Class Summary

  • All Implemented Interfaces:
    Collector.Describable

    public class Summary
    extends SimpleCollector<Summary.Child>
    implements Collector.Describable
    Summary metrics and Histogram metrics can both be used to monitor distributions like latencies or request sizes.

    An overview of when to use Summaries and when to use Histograms can be found on https://prometheus.io/docs/practices/histograms.

    The following example shows how to measure latencies and request sizes:

     class YourClass {
    
       private static final Summary requestLatency = Summary.build()
           .name("requests_latency_seconds")
           .help("request latency in seconds")
           .register();
    
       private static final Summary receivedBytes = Summary.build()
           .name("requests_size_bytes")
           .help("request size in bytes")
           .register();
    
       public void processRequest(Request req) {
         Summary.Timer requestTimer = requestLatency.startTimer();
         try {
           // Your code here.
         } finally {
           requestTimer.observeDuration();
           receivedBytes.observe(req.size());
         }
       }
     }
     
    The Summary class provides different utility methods for observing values, like observe(double), startTimer() and Summary.Timer.observeDuration(), time(Callable), etc.

    By default, Summary metrics provide the count and the sum.
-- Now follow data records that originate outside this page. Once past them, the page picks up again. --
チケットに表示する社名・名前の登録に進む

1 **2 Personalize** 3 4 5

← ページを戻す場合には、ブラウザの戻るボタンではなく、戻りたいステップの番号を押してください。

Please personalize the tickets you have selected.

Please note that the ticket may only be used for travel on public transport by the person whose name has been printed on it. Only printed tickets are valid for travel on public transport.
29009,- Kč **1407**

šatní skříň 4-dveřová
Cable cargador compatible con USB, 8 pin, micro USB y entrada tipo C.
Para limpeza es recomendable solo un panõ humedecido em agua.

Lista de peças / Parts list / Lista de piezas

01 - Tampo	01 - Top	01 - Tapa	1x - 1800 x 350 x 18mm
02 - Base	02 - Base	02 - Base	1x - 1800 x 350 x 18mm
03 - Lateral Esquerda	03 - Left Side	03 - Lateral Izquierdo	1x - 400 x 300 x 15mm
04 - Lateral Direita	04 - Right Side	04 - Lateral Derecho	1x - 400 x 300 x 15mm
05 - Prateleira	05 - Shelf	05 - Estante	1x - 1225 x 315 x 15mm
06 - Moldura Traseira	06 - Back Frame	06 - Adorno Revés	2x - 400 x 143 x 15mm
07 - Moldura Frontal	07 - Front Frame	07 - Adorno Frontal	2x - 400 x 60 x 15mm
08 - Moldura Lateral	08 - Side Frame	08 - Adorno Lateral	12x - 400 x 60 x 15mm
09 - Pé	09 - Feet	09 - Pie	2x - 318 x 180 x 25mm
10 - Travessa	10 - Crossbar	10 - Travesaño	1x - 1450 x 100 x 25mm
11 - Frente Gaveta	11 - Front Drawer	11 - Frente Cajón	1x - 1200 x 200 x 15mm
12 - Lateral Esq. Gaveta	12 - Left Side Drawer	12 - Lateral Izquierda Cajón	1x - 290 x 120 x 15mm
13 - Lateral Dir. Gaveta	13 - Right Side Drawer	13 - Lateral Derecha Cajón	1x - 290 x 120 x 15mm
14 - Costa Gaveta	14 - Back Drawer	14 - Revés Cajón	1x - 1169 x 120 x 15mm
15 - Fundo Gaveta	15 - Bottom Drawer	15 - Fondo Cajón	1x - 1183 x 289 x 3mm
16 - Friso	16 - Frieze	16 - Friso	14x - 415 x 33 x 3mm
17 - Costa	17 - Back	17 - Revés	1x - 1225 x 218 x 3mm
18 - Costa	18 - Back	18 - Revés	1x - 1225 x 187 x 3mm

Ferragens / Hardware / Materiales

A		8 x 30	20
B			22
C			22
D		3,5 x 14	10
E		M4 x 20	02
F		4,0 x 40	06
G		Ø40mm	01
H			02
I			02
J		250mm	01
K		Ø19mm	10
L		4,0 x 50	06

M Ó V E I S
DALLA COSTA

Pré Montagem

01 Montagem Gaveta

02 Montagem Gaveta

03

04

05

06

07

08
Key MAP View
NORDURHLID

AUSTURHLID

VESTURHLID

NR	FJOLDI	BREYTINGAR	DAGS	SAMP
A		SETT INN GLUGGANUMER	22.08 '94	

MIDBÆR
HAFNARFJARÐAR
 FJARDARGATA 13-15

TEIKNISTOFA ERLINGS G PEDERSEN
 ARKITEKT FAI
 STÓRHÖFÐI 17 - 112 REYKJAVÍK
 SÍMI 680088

For example, if you measure latencies of a REST service, the count will tell you how often the REST service was called, and the sum will tell you the total aggregated response time. You can calculate the average response time using a Prometheus query dividing sum / count.
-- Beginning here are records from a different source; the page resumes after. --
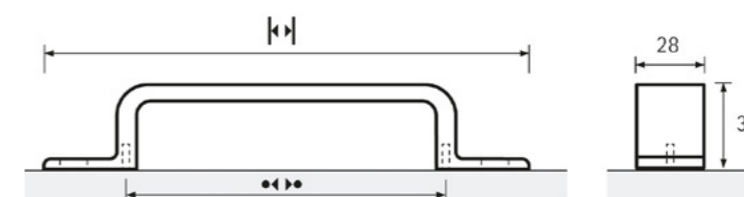

## Limpio

Шифра	H	L	Финиш	Цена
91957	128	165	Бела мат	543 ден.
91956	128	165	Црна мат	543 ден.

Matane

Торка

Шифра	H	L	Финиш	Цена
91970	64	105	Брусен челик	197 ден.
91971	64	105	Црна мат	209 ден.

Шифра	H	L	Финиш	Цена
91969	96	160	Црна мат	565 ден.
91968	128	192	Црна мат	667 ден.
91967	160	224	Црна мат	765 ден.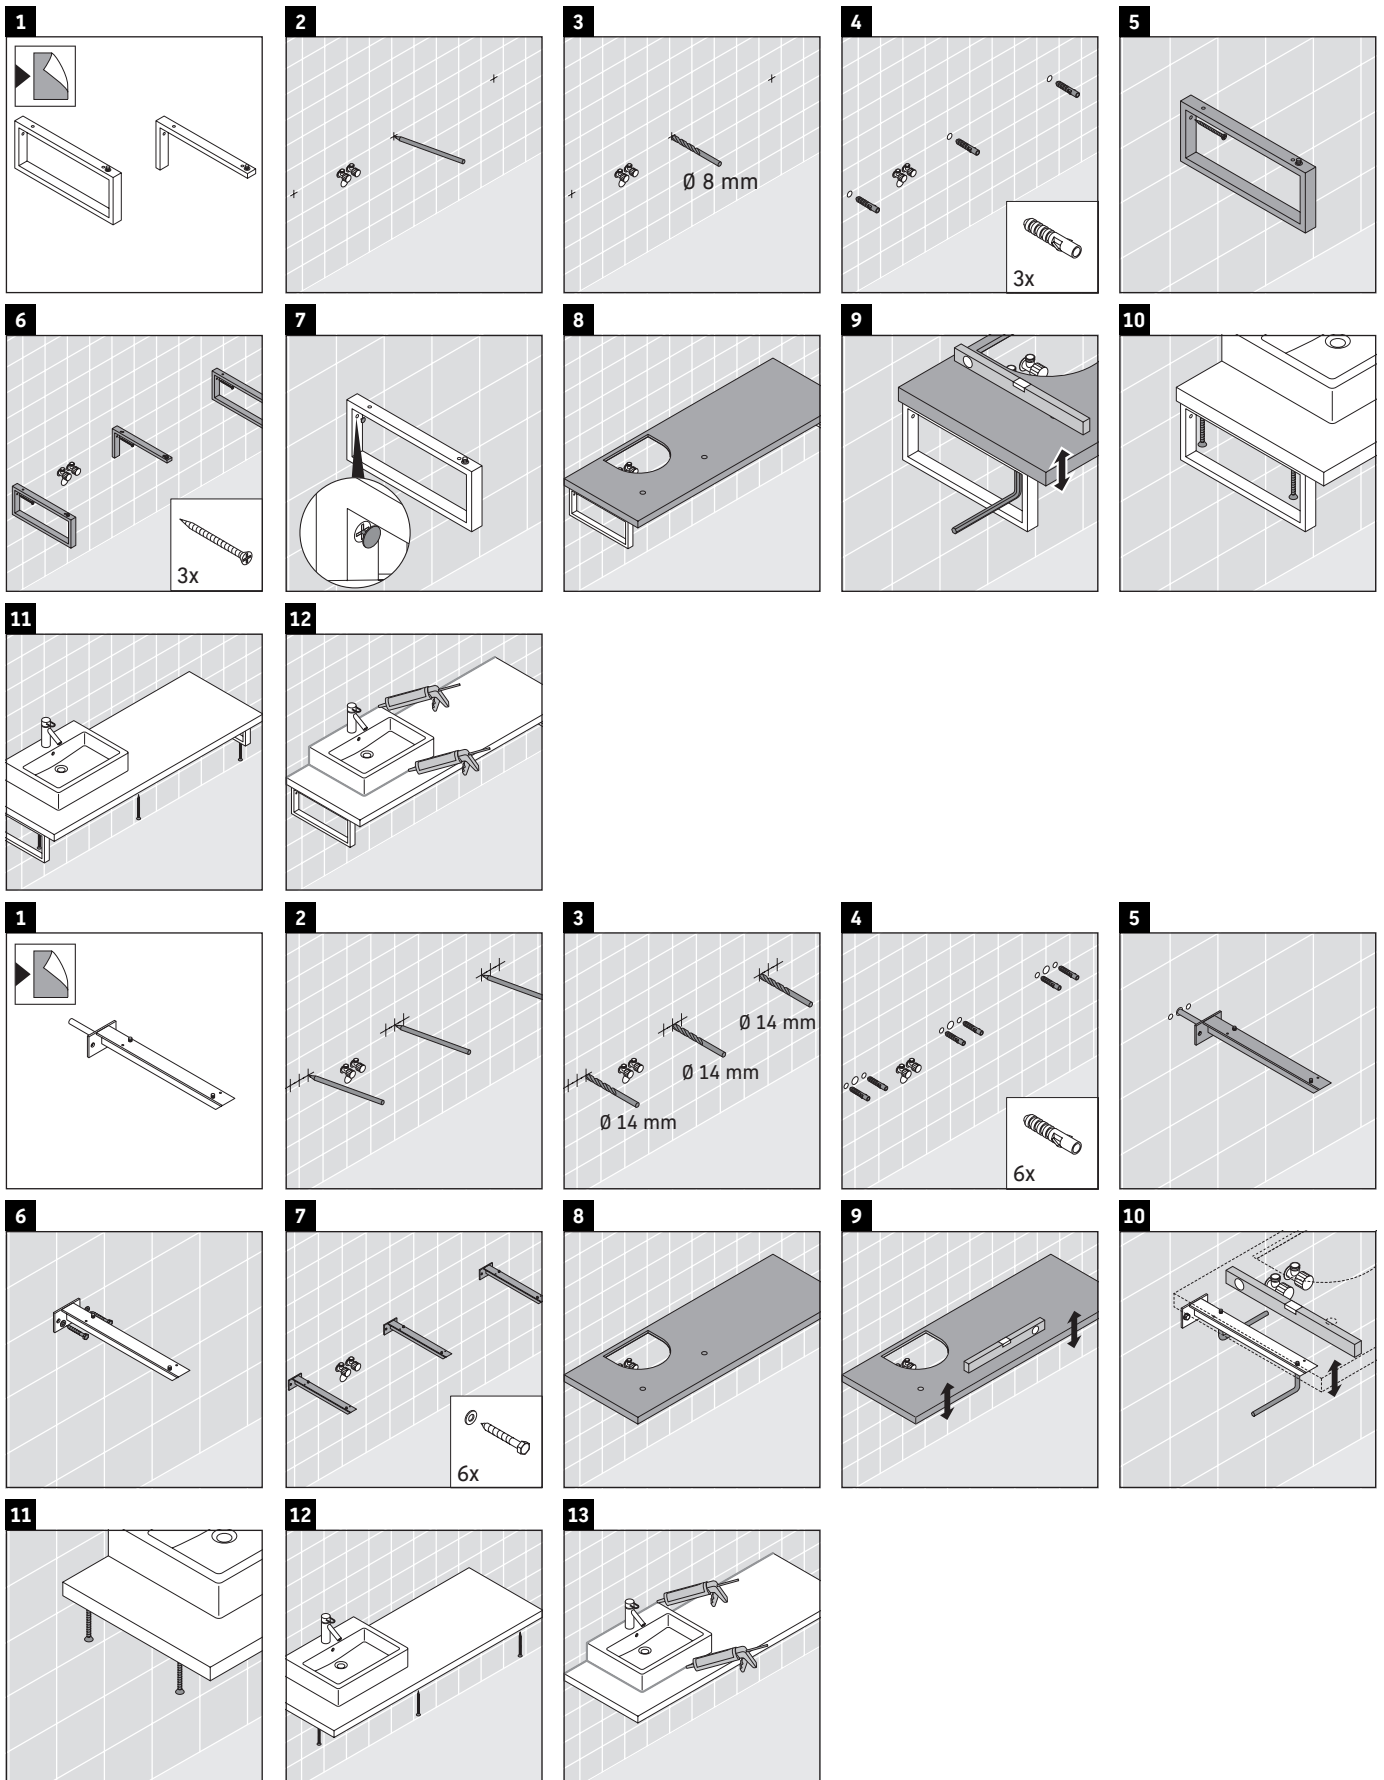

## Instrucciones de montaje

V = según las especificaciones de la placa

¡Observar el resto de instrucciones de montaje!

La consola no es adecuada para el montaje desde abajo en lavamanos empotrados y semiempotrados.

Las cerámicas más anchas de 600 mm tienen que fijarse en la pared.

Nos reservamos el derecho a efectuar mejoras técnicas y modificaciones de aspecto en los productos representados.

    In addition to count and sum, you can configure a Summary to provide quantiles:

     Summary requestLatency = Summary.build()
         .name("requests_latency_seconds")
         .help("Request latency in seconds.")
         .quantile(0.5, 0.01)    // 0.5 quantile (median) with 0.01 allowed error
         .quantile(0.95, 0.005)  // 0.95 quantile with 0.005 allowed error
         // ...
         .register();
     
    As an example, a 0.95 quantile of 120ms tells you that 95% of the calls were faster than 120ms, and 5% of the calls were slower than 120ms.

    Tracking exact quantiles require a large amount of memory, because all observations need to be stored in a sorted list. Therefore, we allow an error to significantly reduce memory usage.

    In the example, the allowed error of 0.005 means that you will not get the exact 0.95 quantile, but anything between the 0.945 quantile and the 0.955 quantile.

    Experiments show that the Summary typically needs to keep less than 100 samples to provide that precision, even if you have hundreds of millions of observations.

    There are a few special cases:

    • You can set an allowed error of 0, but then the Summary will keep all observations in memory.
    • You can track the minimum value with .quantile(0.0, 0.0). This special case will not use additional memory even though the allowed error is 0.
    • You can track the maximum value with .quantile(1.0, 0.0). This special case will not use additional memory even though the allowed error is 0.
    Typically, you don't want to have a Summary representing the entire runtime of the application, but you want to look at a reasonable time interval. Summary metrics implement a configurable sliding time window:
     Summary requestLatency = Summary.build()
         .name("requests_latency_seconds")
         .help("Request latency in seconds.")
         .maxAgeSeconds(10 * 60)
         .ageBuckets(5)
         // ...
         .register();
     
    The default is a time window of 10 minutes and 5 age buckets, i.e. the time window is 10 minutes wide, and we slide it forward every 2 minutes.
    • Method Detail

      • build

        public static Summary.Builder build​(String name,
                                            String help)
        Return a Builder to allow configuration of a new Summary. Ensures required fields are provided.
        Parameters:
        name - The name of the metric
        help - The help string of the metric
      • build

        public static Summary.Builder build()
        Return a Builder to allow configuration of a new Summary.
      • time

        public double time​(Runnable timeable)
        Executes runnable code (e.g. a Java 8 Lambda) and observes a duration of how long it took to run.
        Parameters:
        timeable - Code that is being timed
        Returns:
        Measured duration in seconds for timeable to complete.
      • time

        public <E> E time​(Callable<E> timeable)
        Executes callable code (e.g. a Java 8 Lambda) and observes a duration of how long it took to run.
        Parameters:
        timeable - Code that is being timed
        Returns:
        Result returned by callable.
      • describe

        public List<Collector.MetricFamilySamplesdescribe()
        Description copied from interface: Collector.Describable
        Provide a list of metric families this Collector is expected to return. These should exclude the samples. This is used by the registry to detect collisions and duplicate registrations. Usually custom collectors do not have to implement Describable. If Describable is not implemented and the CollectorRegistry was created with auto describe enabled (which is the case for the default registry) then Collector.collect() will be called at registration time instead of describe. If this could cause problems, either implement a proper describe, or if that's not practical have describe return an empty list.
        Specified by:
        describe in interface Collector.Describable